**What is needed**
Quote the data exactly, first line to the line containing "Diameter (in): 4 5/16", with no pictures.

Data records:

+ + +

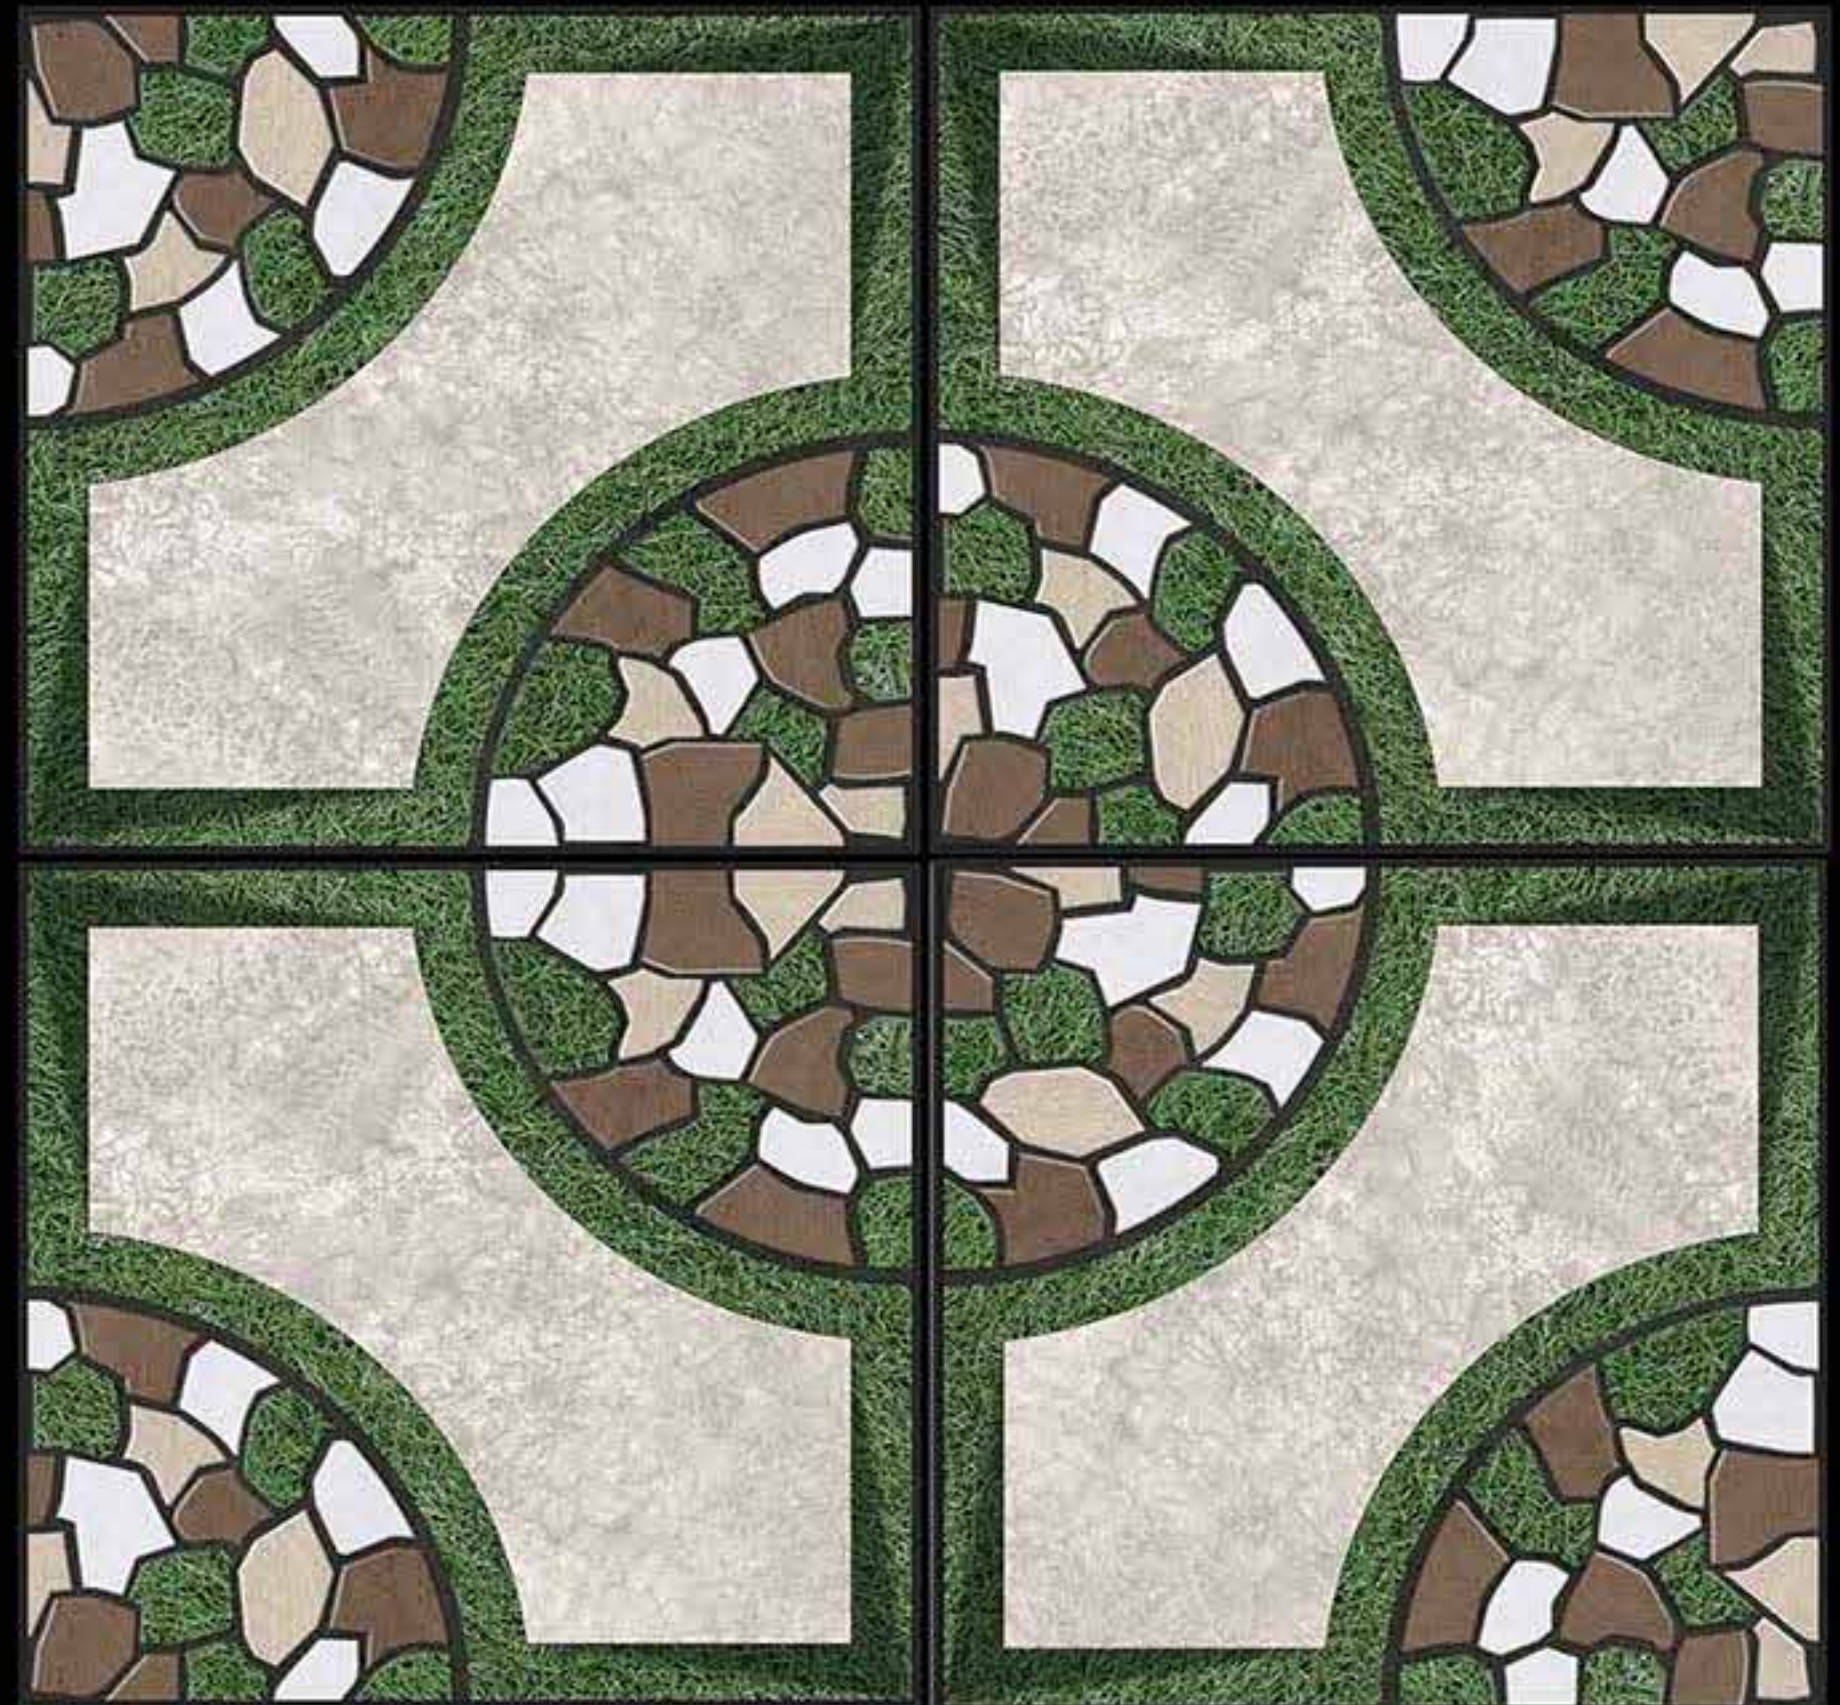

MATRIX GREEN_902

HEAVY DUTY OUT DOOR TILES

400x400 mm

UNIQUEGRID
INTERNATIONAL LLP

MATRIX GREEN_903

HEAVY DUTY OUT DOOR TILES

400x400 mm

PLAIN GREEN_901
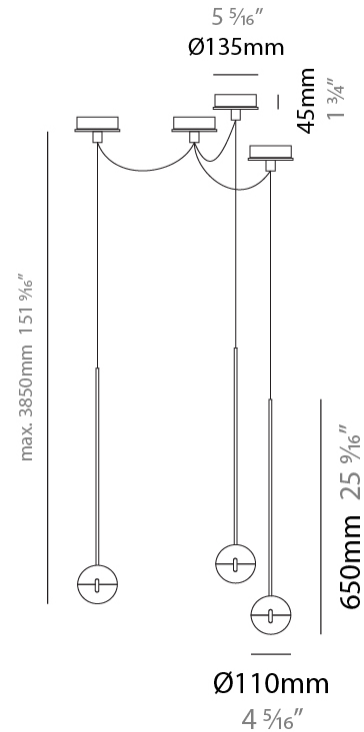

CONVIVIO SUSPENSION

D31018-

base number   Finish
Options

PROJECT	_____
TYPE	_____
SPECIFIER	_____
QUANTITY	_____
DATE	_____

1. To build a product code in our configurator select the specify button on the base model # product page
2. To build a manual product code on this datasheet choose from the options listed below in blue font and add the suffix to the base model #

GENERAL

Series: Convivio
Brand: Cini & Nils
Division: Design
Mounting Type: Suspension
Mounting Location: Ceiling
Subcategory: Pendant

PHYSICAL

Shape: Round
Diameter (mm): 110
Diameter (in): 4 5/16
Max. Overall Height (mm): 3850
Max. Overall Height (in): 151 9/16
Light Distribution: Direct
Diffuser: Transparent glass
Fixture Finish: [CHR / MBK](#)
Fixture Material: Aluminum / Brass / Steel

ELECTRICAL

Lamp Type: LED
Input Wattage (W): 50
Total Output Wattage (W): 39
Dimming: Non-Dimmable
Driver Included: Yes
Driver Location: Integrated
Driver Type: Constant Current - 120Vac
Driver Class: Class 2
Input Voltage (V): 120 - 277
Constant Current (mA): 350
Upon Request: Integral: 0-10Vdc dimming / Phase dimming 120Vac only / Non-dimming 120/277Vac

LED

Number of LEDs: 3
Color Temperature (°K): 3000
Nominal Lumen (lm): 3900
CRI: >90 CRI
Lamp Life (hrs): 50000

OPTICAL

RATINGS AND CERTIFICATIONS

Certified By: Certified for North American Standards
IP rating: IP20
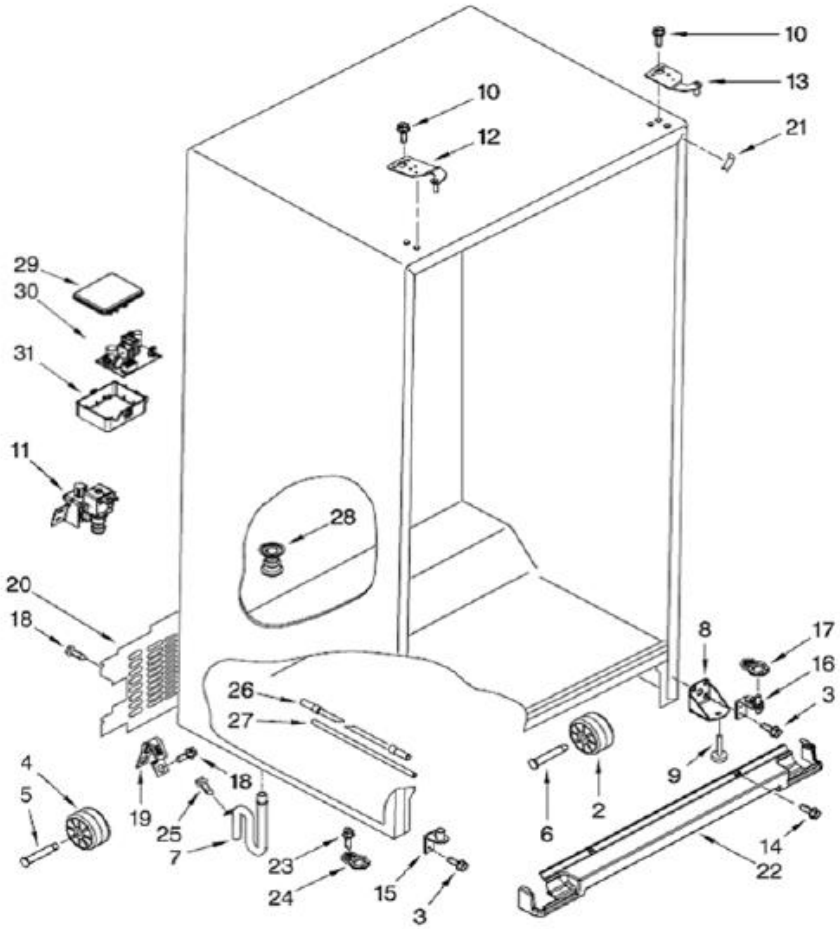

WD6078A01 GABINETE

WD6078A01 GABINETE

2	2150304	FRONT ROLLER
3	****	SCREW
4	12477102	ROLLER (REAR)
5	12477202	AXLE, ROLLER
6	W10285005	RIVET, ROLLER
7	****	CLIP, AXLE
8	W10257186	BRACKET, LEVELER
9	W10141622	LWR ROLLER, BRAKE
10	****	SCREW
11	W10238100	VALVE ASSY-WATER
12	W10249922	HINGE, TOP (FC)
13	W10249925	HINGE, TOP (RC)
14	****	SCREW
15	W10249943	BOTTOM HINGE (FC)
16	W10257209	BOTTOM HINGE ASM XXL
17	W10257197	CAM CLOSER - RC
18	****	SCREW
19	489385	TUBE CLAMP
20	W10257325	COVER, UNIT
21	12587703AP	COVER-CORNER
22	W10257234	BASE GRILL XXL M. GRAY
23	****	SCREW
24	W10257200	CAM CLOSER-FC, SPLIT
25	****	SCREW
26	W10277956	TUBE, FILTER INLET
27	W10277957	TUBE, FILTER OUTLET
28	****	DRAIN FITTING
29	12957702	CONTROL BOX
30	W10268622	ELEC. CONTROL - MINOTAUR
31	W10247993	CORE BOX

WD6078A01 PARTES DEL LINER REFRIGERADOR

WD6078A01 PARTES DEL LINER REFRIGERADOR

1	****	LINER (NOT A SERVICEABLE PART)
2	W10260988	ESCUTCHEON, MEAT PAN CONTROL
3	W10362465	SLIDE, MEAT PAN CONTROL
4	W10251495	ASSY DUCT, MINI TOWER
5	W10260409	COVER DIFFUSER
6	C3680314	SWITCH COVER ARM
7	W10253300	WIRE ASSY, TOP LIGHT
8	W10129995	TRIM LIGHT
9	W10136593	SHIELD HEAT
10	****	SCREW
11	2326255	LIGHT BULB
12	W10191429	SOCKET LIGHT
13	W10280420	LENS, TOP LIGHT
14	2162085	SOCKET , LIGHT
15	W10366790	RESERVOIR
16	W10311505	LIGHT BULB
17	W10269099	LENS, LIGHT
18	W10316760	THERMISTOR
19	W10315767	AIR FILTER HOUSING
20	W10311524	AIR FILTER
21	W10340015	AIR FILTER COVER
22	W10238123	HOUSING, WATER FILTER
23	W10425251	COVER, THERMISTOR W/H GASKET
24	W10271543	CONNECTOR
25	W10260405	COVER WATER FILTER
26	W10295370	WATER FILTER

+ + +

**Result below**
MATRIX GREEN_902

HEAVY DUTY OUT DOOR TILES

400x400 mm

UNIQUEGRID
INTERNATIONAL LLP

MATRIX GREEN_903

HEAVY DUTY OUT DOOR TILES

400x400 mm

PLAIN GREEN_901

CONVIVIO SUSPENSION

D31018-

base number   Finish
Options

PROJECT	_____
TYPE	_____
SPECIFIER	_____
QUANTITY	_____
DATE	_____

1. To build a product code in our configurator select the specify button on the base model # product page
2. To build a manual product code on this datasheet choose from the options listed below in blue font and add the suffix to the base model #

GENERAL

Series: Convivio
Brand: Cini & Nils
Division: Design
Mounting Type: Suspension
Mounting Location: Ceiling
Subcategory: Pendant

PHYSICAL

Shape: Round
Diameter (mm): 110
Diameter (in): 4 5/16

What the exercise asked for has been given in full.